First published: Summer 2014
Art Brut is terribly fashionable these days, especially in France. For reasons that are complex and linked to a general historical paradigm shift in culture, after decades of semi-clandestine existence it is moving from the margins to the centre and is gaining triple recognition from museums, universities and the market. In the same move, freed from the jealous and possessive passion of its pioneers, it is changing hands, becoming prey to the facilities of vulgarised rediscovery and, like all the other products of an essentially commercial society, it enters the area of “hype,” of promotional strategies, not to say disguised publicity copy. Or else it becomes a bit academic, painstaking, almost tedious, which, for such an extraordinary and imaginatively stimulating domain, is rock bottom.
And so it is that, for better or worse, this wild child, badly brought up, that would never have been allowed at any bourgeois table, is henceforth the subject of an intensive clean-up and recuperation campaign, at the risk of somewhat losing its head and seeing itself largely submerged on the way by the crowd of opportunists, wannabes or imposters.
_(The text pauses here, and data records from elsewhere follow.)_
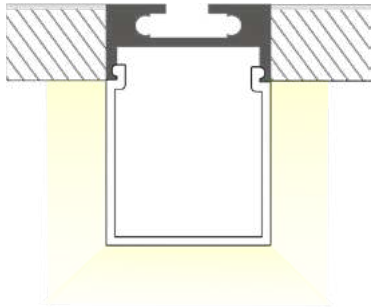

LEDAP1616200

H: 16 mm L: 200 mm W: 16 mm

LEDAPS1818200A

H: 18 mm L: 200 mm W: 18 mm

PERFIL SUSPENSIÓN | PERFIL DE SUSPENSÃO | SUSPENSION PROFILE | PROFILO A SOSPENSIONE

LEDAPP2027200SA

H: 20,3 mm L: 200 mm W: 77 mm

LEDAPP3030200A

H: 30 mm L: 200 mm W: 30 mm

·Installation method

LEDAPP5070300A

H: 50 mm L: 300 mm W: 70 mm

·Installation method

PERFIL EMPOTRABLE | PERFIL EMBUTIDO | RECESSED PROFILE | PROFILO INCASSATO

LEDAP0725200
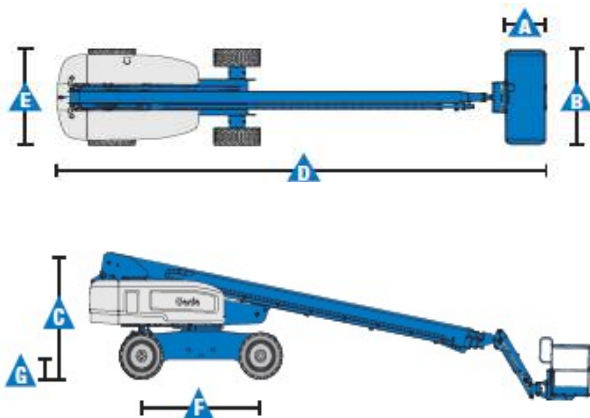

DANE TECHNICZNE

WYPOSAŻENIE STANDARDOWE

Wysokość robocza	40,15 m
Wysokość platformy	38,15 m
Wysięg boczny	24,38 m
Zasięg poniżej poziomu gruntu	3,27 m
A. Długość platformy (8ft)	2,44 m
B. Szerokość platformy (8ft)	0,91 m
Długość platformy (6ft)	1,83 m
Szerokość platformy (6ft)	0,76 m
C. Wysokość w pozycji złożonej	3,07 m
D. Długość w pozycji złożonej	14,25 m
E. Szerokość - oś złożona/ rozłożona	2,49 m / 3,35 m
F. Rozstaw osi	3,66 m
G. Prześwit	0,44 m
Udźwig platformy	227 kg
Obrót kopuły	360°
Zewnętrzny promień skrętu - oś złoż. / rozłoż.	6,75 m / 5,74 m
Wewnętrzny promień skrętu - oś złoż. / rozłoż.	4,01 m / 2,59 m
Zarzucanie tyłem - oś złożona/ oś rozłożona	1,68 m / 1,24 m
Waga	20248 kg
Prędkość jazdy – opuszczona platforma	4,8 km/h
Prędkość jazdy – podniesiona platforma	1,1 km/h
Maksymalny kąt nachylenia	40 %
Źródło zasilania	Deutz TD2011 L04i 74KM
Pojemność zbiornika oleju hydraulicznego	208 L

- ❖ Stalowa platforma o szerokości 2.44 m
- ❖ Platforma samopoziomująca
- ❖ Platforma obracana hydraulicznie -80°/+80°
- ❖ Zamykane osłony komponentów hydraulicznych i silnika
- ❖ Przycisk kierunku jazdy obsługiwany za pomocą kciuka
- ❖ Zabezpieczenie przed omyłkową jazdą w przeciwnym kierunku
- ❖ Czujnik poziomu wychylenia z sygnałem dźwiękowym
- ❖ System zabezpieczający operatora przed zgnieciem
- ❖ Proporcjonalne sterowanie za pomocą joysticka
- ❖ Wbudowany system diagnostyczny i Wyświetlacz monitorowania silnika oraz stanu silnika
- ❖ Obrót kopuły 360° - kontynuowany
- ❖ System kontroli trakcji
- ❖ Chłodnica oleju hydraulicznego
- ❖ Dwie prędkości jazdy
- ❖ Cztery tryby sterowania: przód, tył, krab i skoordynowany
- ❖ Aktywna oś oscylacyjna
- ❖ Linia 230V doprowadzona do platformy (niezabezpieczona)
- ❖ Klakson
- ❖ Światło ostrzegawcze tzw. Kogut
- ❖ Alarm ruchów i jazdy
- ❖ Licznik motogodzin
- ❖ Certyfikowany system wagi w platformie maszyny
- ❖ Złącze do systemu Telematic – przygotowanie do pracy z modułem GPS
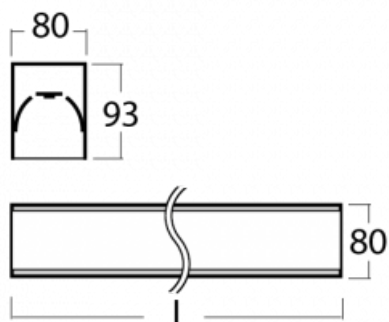

Svítidlo

Lina80-S

05S-200I-40GEM/840, W

EPD®

Svítidla rodiny Lina80-S nabízíme v přisazené, závěsné a vestavné variantě, i s prosvětlenými rohy. Systém spojený do dlouhých linií či různých tvarů pomocí překrývaných spojů, které neprosvítají, uplatníte v malé kanceláři i velkém sále.

Technický výkres

Typ montáže	Vestavné, Přisazené, Nástěnné, Závěsné, Lištové
Typ vyzařování	Přímé
Tvar svítidla	Lineární
Barva svítidla	Bílá
Materiál	Hliník
Životnost	L90/B50 60 000 hodin
Záruka	60 měsíců
Popis svítidla	Svítidlo vestavné/přisazené/nástěnné/závěsné/lištové
Rozměry	2244 mm × 80 mm × 93 mm
Světelný zdroj	LED MODUL
Druh optiky	Mikroprisma
Světelný tok	1890 lm ± 10 %
Teplota chromatičnosti	4000 K studená bílá
Měrný výkon	121 lm/W
MacAdam zdroje	2
Index podání barev	80
UGR max. X=4H Y=8H, ρ=70,50,20	16.8
Příkon svítidla	15.6 W ± 10 %
Zapojení svítidla	Elektronický předřadník nestmívatelný s 1h nouzí
Elektrické napětí	220-240V
Frekvence	50/60Hz

⊕ CE IP 40

Ke stažení[Montážní návod](#)[Fotografie](#)

Příslušenství

00-00200, N
 spoj přímý

00-00300, N
 lankový závěs 2000mm
 -1 ks

00-00301, N
 lankový závěs 4000mm
 -1 ks

00-00302, N
 lankový závěs 6000mm
 -1 ks

00-20700, W
 2 ks úchytu na stěnu
 Lipo/Lina

00-20900, F
 sada pro vestavbu
 závěsného profilu jako
 bezrámečková montáž

00-21300, W
 Lipo80-S, Lina80-S -
 modul pro lištová
 svítidla; l =1122mm

00-21301, W
 Lipo80-S, Lina80-S -
 modul pro lištová
 svítidla; l =2242mm

Maybe because of my familiarity with English and my regular collaboration with non-French-speaking countries, I have always taken (as far as the domain that the French call “Art Brut” or “singular art” goes) what one could call a bilingual perspective; that is to say, one not captive to French conceptualisation and that, in its ability to navigate to and fro between one culture and another, is doubtless closer to the American vision: more pragmatic than theoretical, and seeking to practise flexibly the difficult play between words and things. Concepts designating what is after all a common domain of reference do not overlap between the two languages, and this semantic relativity should make us more cautious in handling labels.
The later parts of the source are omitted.